(Collected data)
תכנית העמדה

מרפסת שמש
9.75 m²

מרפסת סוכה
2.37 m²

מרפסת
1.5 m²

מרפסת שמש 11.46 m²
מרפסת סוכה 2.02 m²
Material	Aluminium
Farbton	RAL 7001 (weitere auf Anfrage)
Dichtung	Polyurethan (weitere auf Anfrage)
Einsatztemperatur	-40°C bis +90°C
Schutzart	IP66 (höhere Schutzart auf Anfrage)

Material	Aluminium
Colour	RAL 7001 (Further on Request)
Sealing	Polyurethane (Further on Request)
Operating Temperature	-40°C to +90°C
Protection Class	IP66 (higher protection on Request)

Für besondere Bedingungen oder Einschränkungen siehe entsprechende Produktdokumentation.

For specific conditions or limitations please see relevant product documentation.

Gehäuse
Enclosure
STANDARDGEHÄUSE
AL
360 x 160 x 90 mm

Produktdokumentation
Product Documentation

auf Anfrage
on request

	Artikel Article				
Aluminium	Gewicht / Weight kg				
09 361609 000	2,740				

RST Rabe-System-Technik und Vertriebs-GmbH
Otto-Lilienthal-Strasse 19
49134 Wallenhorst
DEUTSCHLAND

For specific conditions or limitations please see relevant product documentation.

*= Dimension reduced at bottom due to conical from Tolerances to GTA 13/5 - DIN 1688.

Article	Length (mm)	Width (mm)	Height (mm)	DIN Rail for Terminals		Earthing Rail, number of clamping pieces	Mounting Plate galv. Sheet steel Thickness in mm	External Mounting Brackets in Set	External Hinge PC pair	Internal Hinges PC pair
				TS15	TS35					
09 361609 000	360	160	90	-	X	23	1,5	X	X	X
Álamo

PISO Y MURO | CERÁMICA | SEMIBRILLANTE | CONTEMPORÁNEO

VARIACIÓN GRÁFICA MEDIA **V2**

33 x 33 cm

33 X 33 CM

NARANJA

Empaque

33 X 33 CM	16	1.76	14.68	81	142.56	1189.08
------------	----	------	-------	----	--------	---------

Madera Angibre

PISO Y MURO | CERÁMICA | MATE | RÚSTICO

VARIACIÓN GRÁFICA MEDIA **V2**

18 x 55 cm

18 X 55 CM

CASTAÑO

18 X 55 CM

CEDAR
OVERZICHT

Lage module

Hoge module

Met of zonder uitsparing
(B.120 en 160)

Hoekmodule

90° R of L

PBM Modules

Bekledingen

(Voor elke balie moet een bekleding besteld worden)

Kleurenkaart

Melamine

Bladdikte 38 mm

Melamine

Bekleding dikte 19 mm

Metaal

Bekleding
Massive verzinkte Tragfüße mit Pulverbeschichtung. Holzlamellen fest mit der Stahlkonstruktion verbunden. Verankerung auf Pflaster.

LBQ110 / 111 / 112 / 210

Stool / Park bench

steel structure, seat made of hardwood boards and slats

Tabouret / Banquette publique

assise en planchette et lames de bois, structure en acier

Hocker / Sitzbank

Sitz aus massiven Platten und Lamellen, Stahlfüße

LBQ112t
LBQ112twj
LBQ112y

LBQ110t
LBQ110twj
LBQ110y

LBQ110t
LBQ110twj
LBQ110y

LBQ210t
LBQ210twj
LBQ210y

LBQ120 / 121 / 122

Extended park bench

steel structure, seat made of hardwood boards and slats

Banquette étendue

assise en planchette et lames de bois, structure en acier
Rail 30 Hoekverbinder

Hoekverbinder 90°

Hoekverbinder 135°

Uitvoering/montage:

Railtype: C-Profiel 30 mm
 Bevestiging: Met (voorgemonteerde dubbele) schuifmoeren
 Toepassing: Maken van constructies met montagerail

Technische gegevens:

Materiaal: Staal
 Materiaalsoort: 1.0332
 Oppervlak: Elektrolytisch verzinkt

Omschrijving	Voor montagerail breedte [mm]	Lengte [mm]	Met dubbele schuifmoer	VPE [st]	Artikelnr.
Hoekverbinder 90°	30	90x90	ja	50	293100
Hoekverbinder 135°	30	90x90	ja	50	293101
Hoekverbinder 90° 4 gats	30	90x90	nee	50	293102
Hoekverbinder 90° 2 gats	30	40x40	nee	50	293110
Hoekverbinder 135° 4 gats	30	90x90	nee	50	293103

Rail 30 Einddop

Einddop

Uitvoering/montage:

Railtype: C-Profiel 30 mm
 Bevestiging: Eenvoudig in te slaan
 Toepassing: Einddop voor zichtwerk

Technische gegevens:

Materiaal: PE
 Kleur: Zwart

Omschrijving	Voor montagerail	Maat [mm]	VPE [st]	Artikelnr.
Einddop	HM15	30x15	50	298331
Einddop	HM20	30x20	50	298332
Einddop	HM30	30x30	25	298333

**Try it**
Return, with no change at all, every line in the entries above from the line containing "PISO Y MURO | CERÁMICA | SEMIBRILLANTE" through the line containing "PISO Y MURO | CERÁMICA | MATE | RÚSTICO".

**Response**
PISO Y MURO | CERÁMICA | SEMIBRILLANTE | CONTEMPORÁNEO

VARIACIÓN GRÁFICA MEDIA **V2**

33 x 33 cm

33 X 33 CM

NARANJA

Empaque

33 X 33 CM	16	1.76	14.68	81	142.56	1189.08
------------	----	------	-------	----	--------	---------

Madera Angibre

PISO Y MURO | CERÁMICA | MATE | RÚSTICO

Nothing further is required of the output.